ABSTRACT: As social change and economic development have proceeded, the prevalence of chronic diseases, especially cardiovascular diseases, has increased in the developing world. In part this is due to the adoption of diets and other health behaviors characteristic of industrialized nations; in part it is a function of changing social and economic circumstances. In this paper, we describe the development and testing of a model designed to account for social and economic effects on cardiovascular disease risk. The model incorporates the fact that global economic processes have made a lifestyle characterized by the consumption of Euroamerican material goods and information a basis for the assignment of social status in local communities. But economic change at the local level is rarely sufficient to provide a foundation for individuals' statue aspirations. Hence, many individuals attempt to maintain a lifestyle inconsistent with their economic standing, a variable we term lifestyle incongruity. Here we describe how this factor is associated with higher blood pressure in a variety of settings and also how the effects of lifestyle incongruity can be modified in local contexts by social class and social role processes.

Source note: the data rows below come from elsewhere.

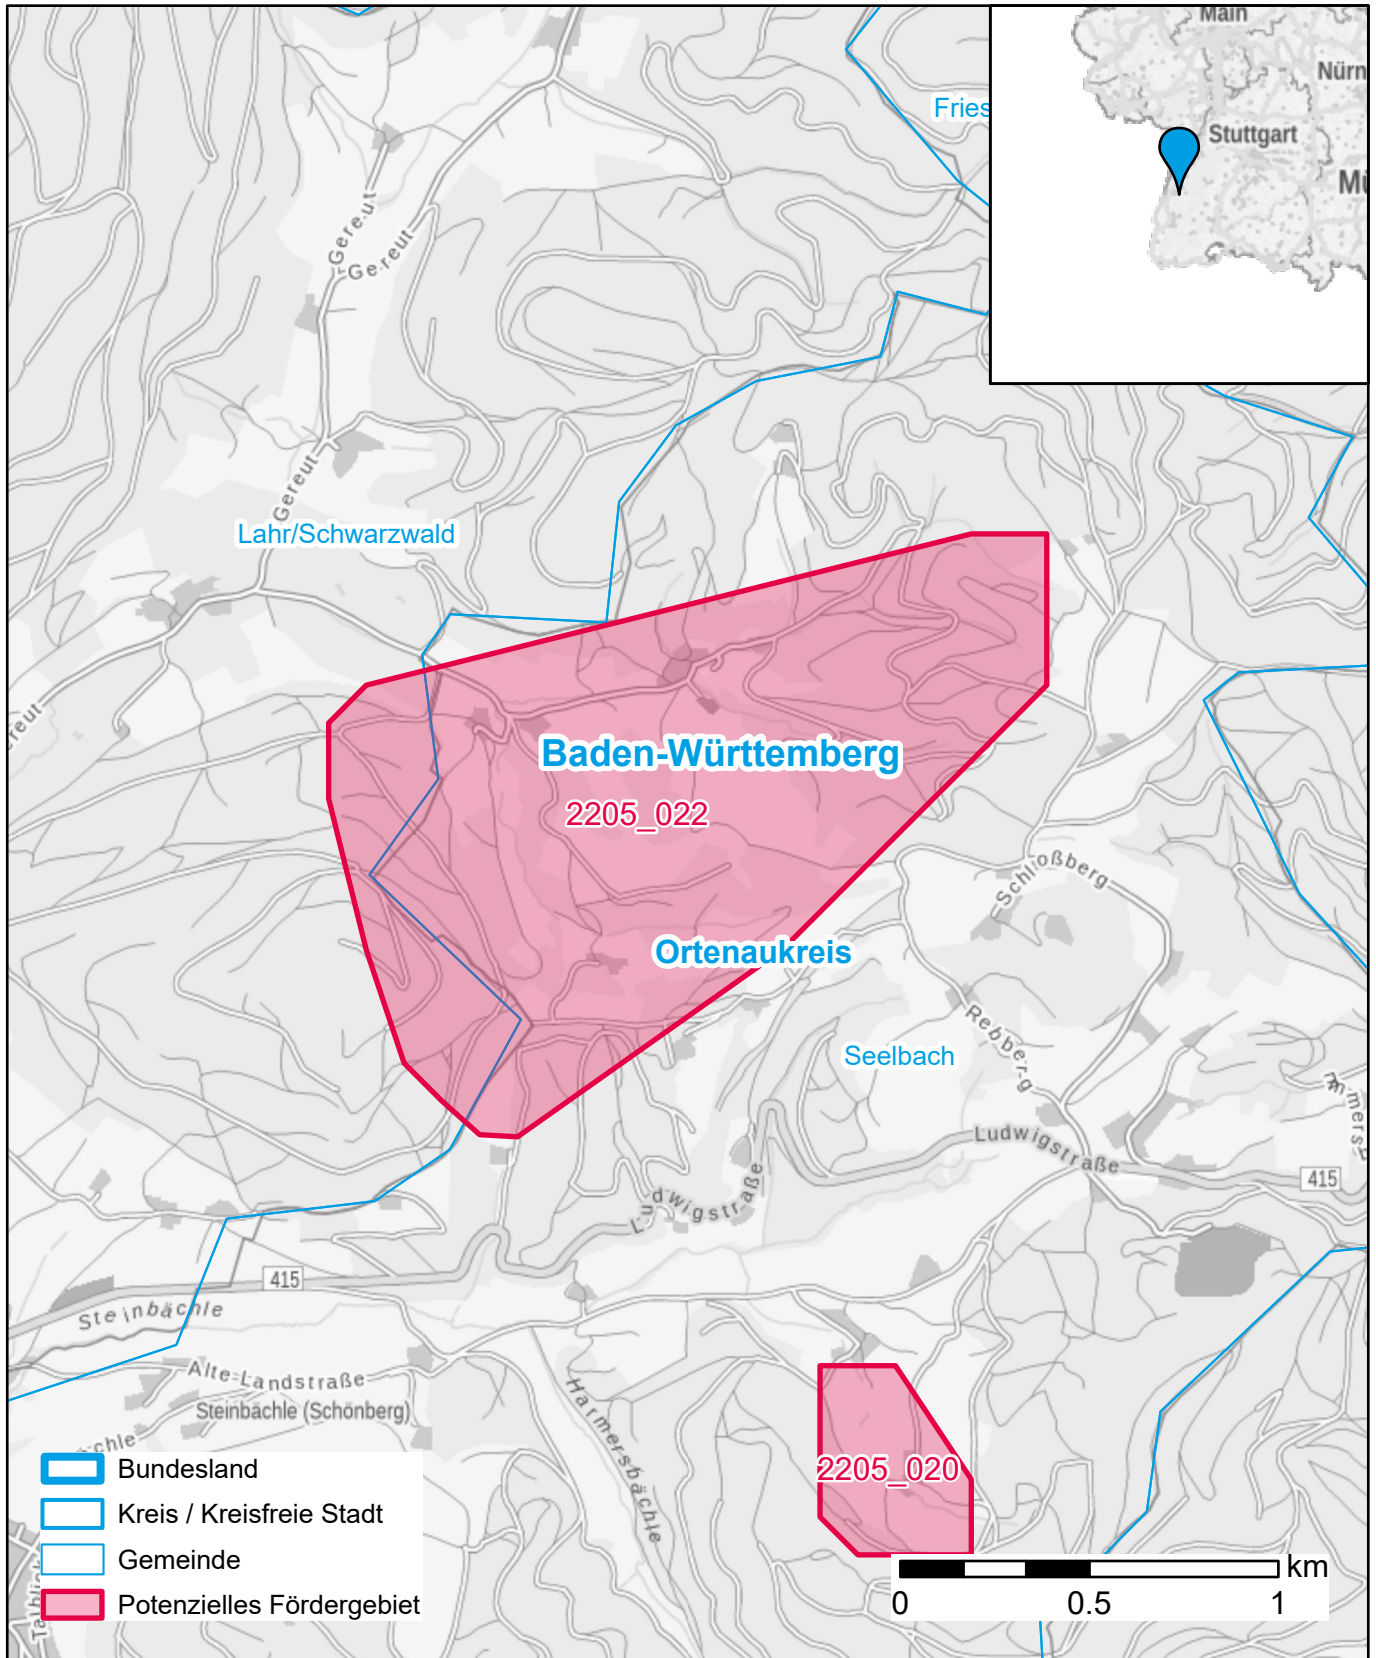

Markterkundungsverfahren zur Schließung weißer Flecken

Baden-Württemberg, Landkreis Ortenaukreis
Gebiets-ID: 2205_022

Darstellung: Planstand September 2022
Datenbasis: MIG Juli/August 2022
Hintergrundkarte: © GeoBasis-DE / BKG (2022)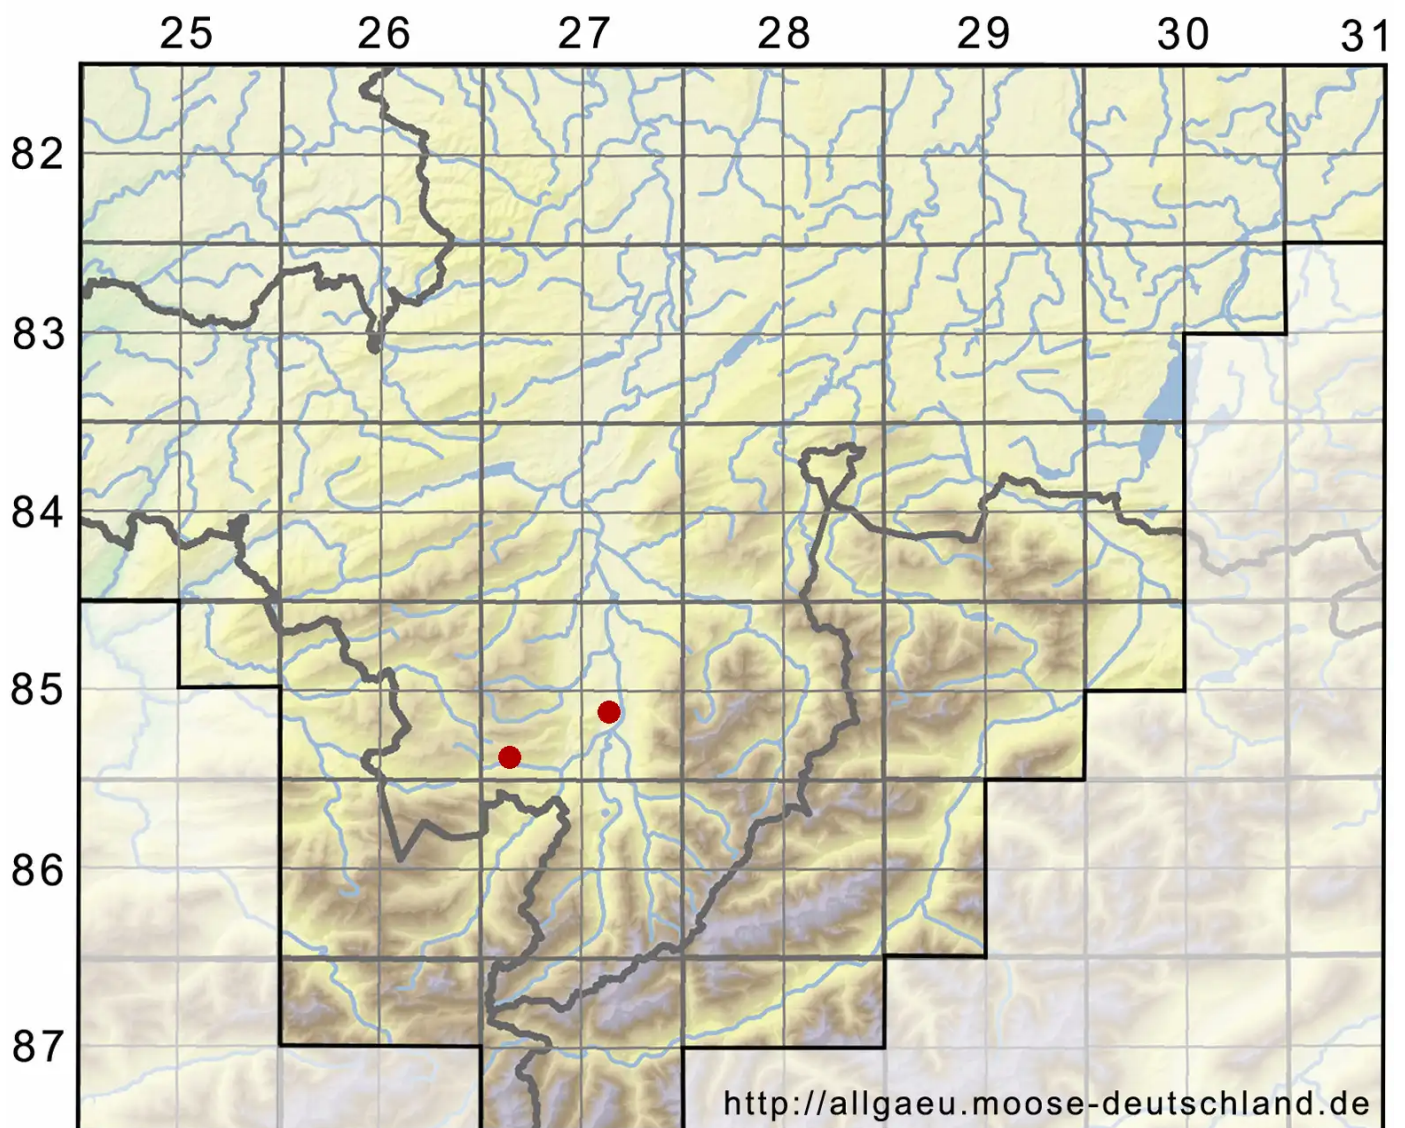

Fissidens rufulus Bruch & Schimp.

Rötliches Spaltzahnmoos, Schlankes Spaltzahnmoos

Legende:

Symbole:

Ausgefülltes Symbol:
Zeitraum von 1980 bis heute (Aktuelle Angabe)

Leeres Symbol:
Zeitraum vor 1980 (Altangabe)

Quadrat: Herbarbeleg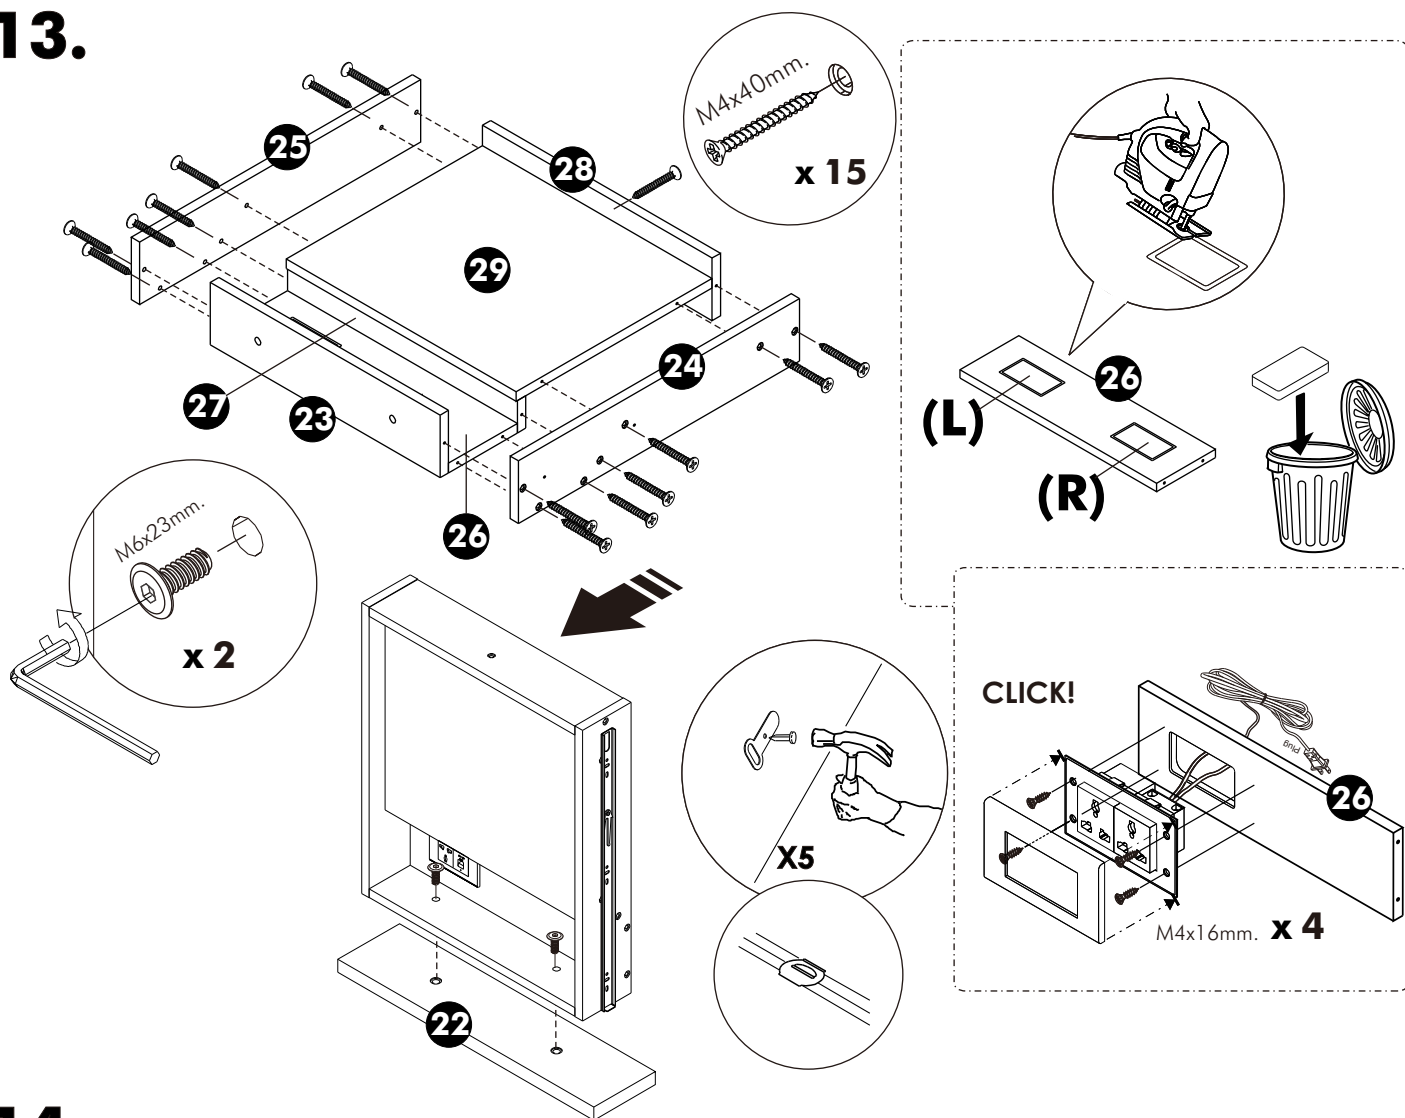

เนื่องจากลึนชักลึก 16"
จึงให้เหลือสายไฟด้านหลัง
ประมาณ 60 ซม. เพื่อลูกค้า
ดึงลึนชักออกมาใช้งาน

16.

1.

2.

3.

4.

5.

6.

7.

8.

9.

10.

Push down to unlock Push up to lock

11.

Push down to unlock

Push up to lock

12.

13.

14.

15.

****หมายเหตุ ระยะเวลาติดตั้งปรับตามตัวสินค้า**

16.

This latter process, contextual modification, is illustrated by data from American Samoa. In this example, the association of lifestyle incongruity with blood pressure is examined in 30 male household heads and 26 spouses. After an examination of Samoan ethnography focused attention on the importance of age and gender differences as defining social contexts of intracultural variation, the model was modified to assess interactions between age and gender as they affect the association of lifestyle incongruity and blood pressure. Lifestyle incongruity is strongly associated with higher systolic and diastolic blood pressure for the younger household heads, minimally associated with blood pressure for older household heads, and only slightly associated with the blood pressure of their spouses. The regression coefficients for the lifestyle incongruity by age by sex interaction term was significant at P c 0.01 for both systolic and diastolic blood pressure. The consistency of these results with expectations based on the ethnographic record is emphasized in the interpretation.
We feel that the lifestyle incongruity model represents an empirically successful attempt to link global political-economic processes, local social structure, and biological outcomes.